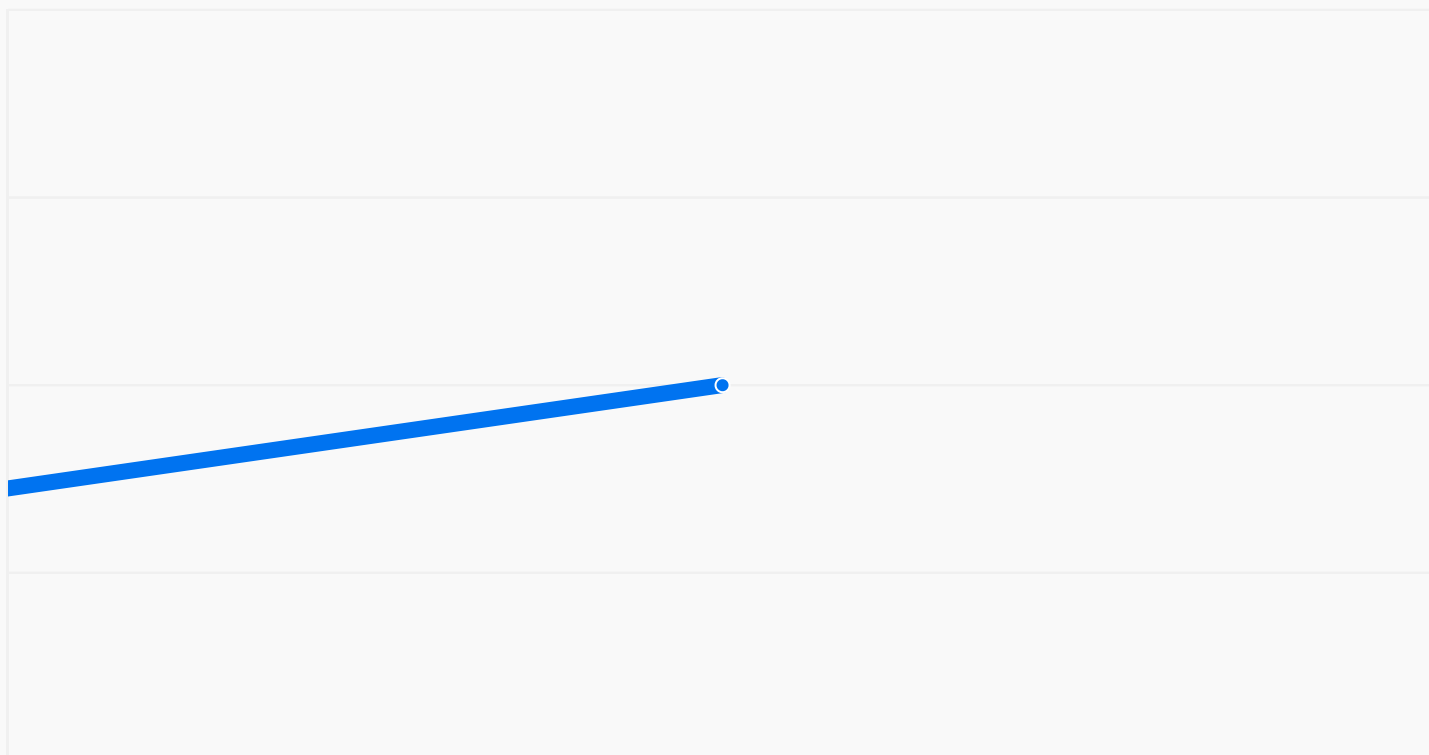

Ultimul kilometraj cunoscut: 11 km

1 înregistrare a kilometrajului

2021

Înregistrări ale contorului de parcurs

2021-01

11 km

Situație financiară și juridică

Vehiculul a trecut inspecțiile tehnice? Are restricții asupra drepturilor de proprietate sau împrumuturi restante?
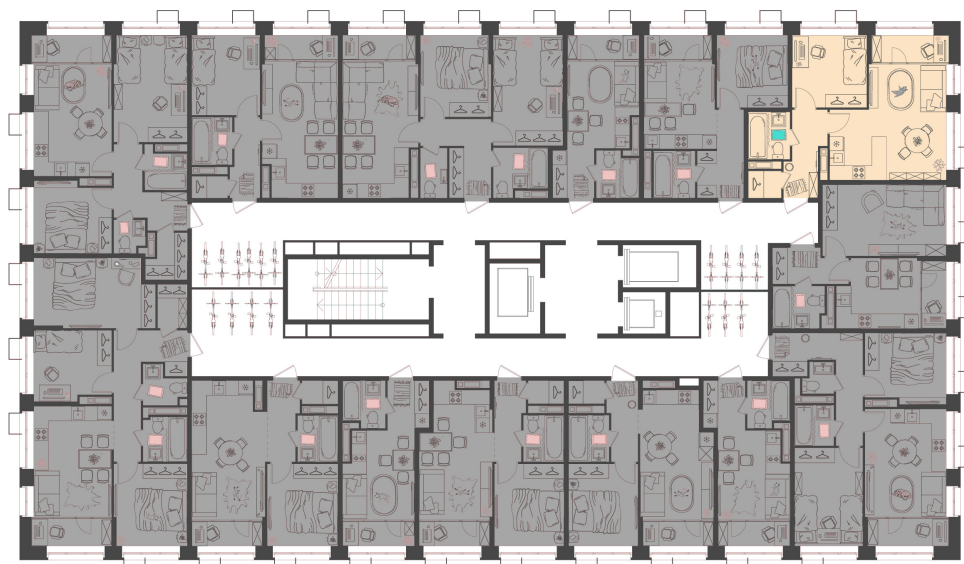

Дом 4 • Этаж 3 • Квартира 496

1-КОМН. КВ 42.66 м²

С отделкой

Кухня-гостиная ... 19.98 м²

Комната ... 9.19 м²

Санузел ... 3.36 м²

Площадь указана с учетом
коэффициента летних помещений 0,5

8 350 908 ₪ ~~9 824 598 ₪~~

195 755 ₪ за м²

Новая Львовская

Жилой комплекс комфорт класса с собственной инфраструктурой и детским садом, частные дворы без машин, игровые и спортивные площадки. Уютные квартиры с готовой отделкой ждут всех, кто мечтает о сочетании городского ритма и умиротворения от природного окружения.

Благоустройство
и окружение

Федеральный
застройщик

Современный
квартал

Развитая
инфраструктура
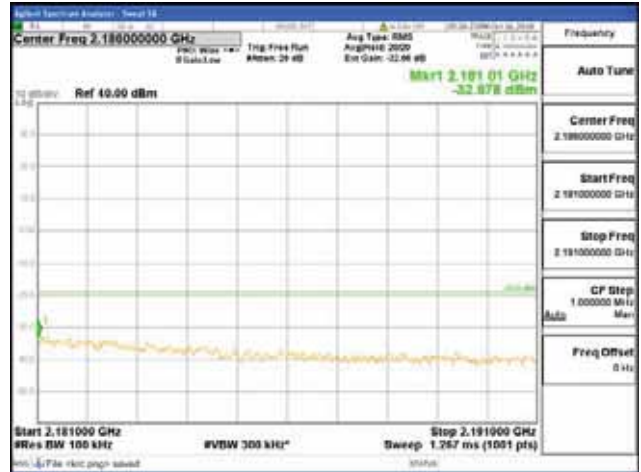

2181 MHz - 2191 MHz
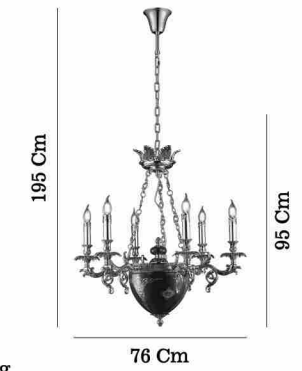

- 2,00 Kg
- 21x50 Cm
- E-14 / 2x20W Max.

# FLORETTA

80483-01-P06-GD

80483-04-P45-GD

FLORETTA

Gold - Altan 80483-01-P06-GD

7,23 Kg  
76 Cm  
E-14 / 6x20W Max.

Gold - Altan 80483-02-P08-GD

9,30 Kg  
76 Cm  
E-14 / 8x20W Max.
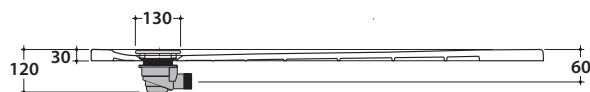

DOCCIATRE DTL120

CE EN 14527:2019

DIN 51097

Resistenza allo scivolamento con angolo 22,2° secondo DIN51097

GLOBO

Piatto doccia installazione da appoggio

Piatto doccia installazione filo pavimento

Cod. **DTL120**

Piatto doccia 120x70 h3 cm. Installazione da appoggio o filo pavimento.

Peso 28 Kg.

Cod. **DS009**

Piletta cromata sifonata per piatti doccia DOCCIAVIVA H 4,5, DOCCIATRE e DOCCIATRE PLUS. ø 90. Portata di scarico 30 l/m

Cod. **DVR1BI**

Piletta con copertura in ceramica per piatti doccia DOCCIAVIVA H 4,5 e DOCCIATRE. ø 90. Portata di scarico 30 l/m
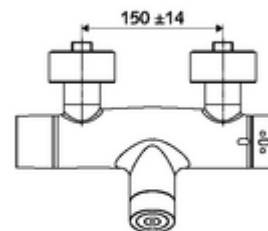

Kiszzerelés

- Elektronikus önelzáró, falon kívüli zuhanycsaptelep
 - EN 1111 normának megfelelő ThermoProtect termosztát, kioldható/szabályozható 38 °C-os hőmérsékletkorlátozás, forrázás elleni védelem a hidegvízellátás kimaradása esetén
 - CVD-érintőelektronika, programozható, IP65 fröccsenő víz és vízszugár elleni védelemmel
 - SWS BE-F VITUS busz extender rádió
 - 6 V-os mágnesszelep előszűrővel
 - 6 V-os elemtartó (beépített)
- 4x AA 1,5 V-os alkáli elem
- 2 visszafolyásgátló (EN 1717: EB)
- 2 Z-idom és takarórózsa (állítható mélységű)

Technikai adatok

- Állíthatóság az SWS/ SSC rendszereken keresztül
 - Működtetőerő (alacsony / közepes / nagy)
 - Kézi programozás (ki / be)
 - Max. működési idő (1 - 950 mp)
 - Pangó víz elleni öblítés (ki / 1- 1000 mp, 1 - 250 óránként az utolsó öblítés után / 1 - 250 óránként)
 - Működtetési idő (ki / 1 - 255 mp, időtűllépés 1 - 2000 perc)
- Einstellmöglichkeiten über manuelle Programmierung
 - Max. működési idő (4 - 120 mp, 10 programfokozat)
 - Pangó víz elleni öblítés (ki / 20 mp, 24 óránként)
- víznyomás: 1,0 - 5,0 bar
- max. nyugalmi nyomás: 8 bar
- Max. üzemi hőmérséklet: 70 °C (80 °C termikus fertőtlenítéshez)
- Alapanyag: Ház Sárgaréz, az ivóvízről szóló német rendeletnek megfelelően
- Felület: Króm
- Csatlakozás: 2x DN 15 menet: 1/2 km
- Leágazás: DN 15 menet: 1/2 km (lent)
- Engedélyek: PA-IX 28574/IB, Belgaqua
- zajosztály: I
- átfolyási mennyiségi osztály: B

Szállítási adatok

- súly: 4,30 kg/Darab
- csomagolási egység: 1

Szükséges alkatrészek

SWS szerver Cikkszám.: 00 500 00 99

Ajánlott alkatrészek

Z-csatlakozósztett előelzárószeleppel	Cikkszám.: 23 775 00 99	
Zuhanygarnitúra 900	Cikkszám.: 29 207 06 99	vagy
Zuhanygarnitúra 680	Cikkszám.: 29 208 06 99	vagy
	Cikkszám.: 29 239 00 99	vagy
	Cikkszám.: 29 240 00 99	vagy
SSC Bluetooth®-Modul	Cikkszám.: 00 916 00 99	
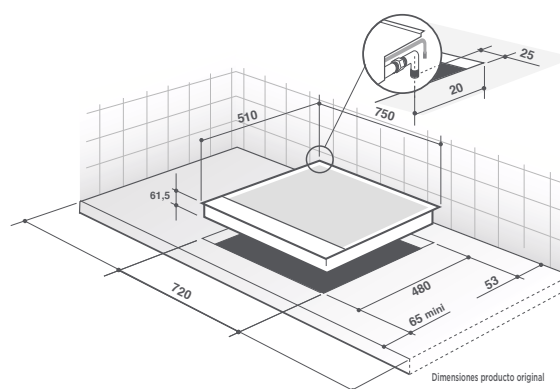

DPG7950B - DPE7929XF

DPE7729XF

DPE7649XF - DPE7549XF

DPG7640B/BM - DPG7549B
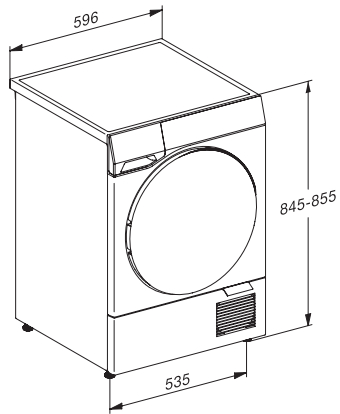

TQ 1000 WP Nova Edition
Sušička s tepelným čerpadlem T2
9 kg | M Touch Pro | QuickPowerDry | SteamCare | WoolDry

EAN: 4002516863762 / Číslo materiálu: 12708640 /
Číslo starého materiálu: 12Q10001EU1

Rozměry v mm (výška)	850
Rozměry v mm (hloubka)	643
Hloubka přístroje s otevřenými dvířky v mm	1110
Hmotnost v kg	55
Celkový příkon v kW	1,45
Napětí ve V	220-240
Jištění v A	10
Frekvence v Hz	50
Délka elektrického přívodního kabelu v m	2,0
Hermeticky uzavřeno	•
Typ chladiva	R290
Množství chladiva v kg	0,14
Potenciál globálního oteplování chladiva v CO ₂ e	3
Potenciál globálního oteplování přístroje v CO ₂ e	0,44
Výměna svítidel	Zákaznický servis
Dodávané příslušenství	
Flakón s vůní	•
Voucher na druhý flakón s vůní	•

TQ 1000 WP Nova Edition
Sušička s tepelným čerpadlem T2
9 kg | M Touch Pro | QuickPowerDry | SteamCare | WoolDry

T2 drawing, facia 17 degree, measures in mm

T2 drawing, facia 17 degree, measures in mm

T2 drawing, facia 17 degree, with QuickPowerDry, measures in mm

T2 drawing, facia 17 degree, with QuickPowerDry, measures in mm
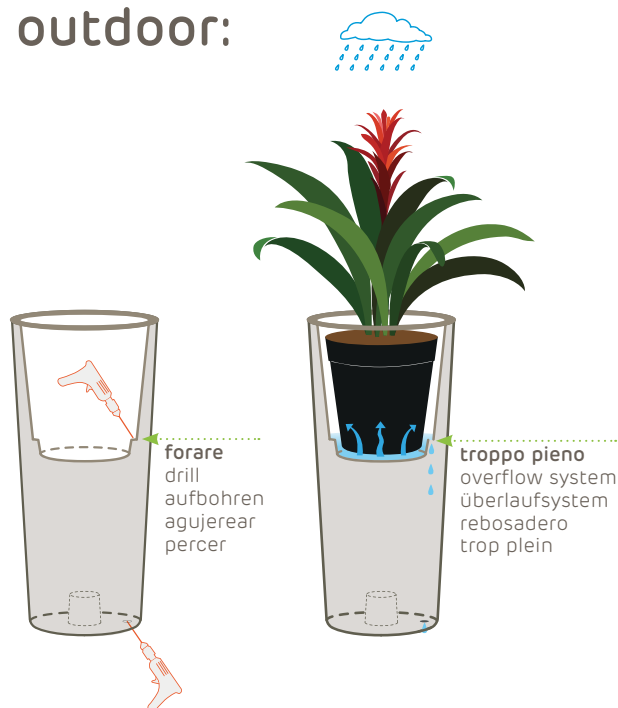

Il vaso comprende un container che si incastra perfettamente al vaso.
L'articolo può essere utilizzato come coprivaso (vedi illustrazione 1) o come vaso (vedi illustrazione 2).

1 coprivaso • cachepot • übertopf • macetero • cache-pot

indoor:

outdoor:

2 vaso • pot • pflanzkübel • maceta • pot

indoor:

outdoor:
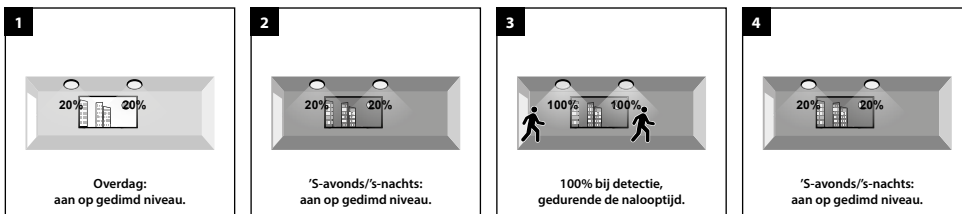

E 20% / 100%

Altijd aan op gedimd niveau --> na detectie 100% gedurende nalooptijd

Problem requirements - Each line above with the string "menet" in it should be located and copied.

Exercise answer -
- Csatlakozás: 2x DN 15 menet: 1/2 km
- Leágazás: DN 15 menet: 1/2 km (lent)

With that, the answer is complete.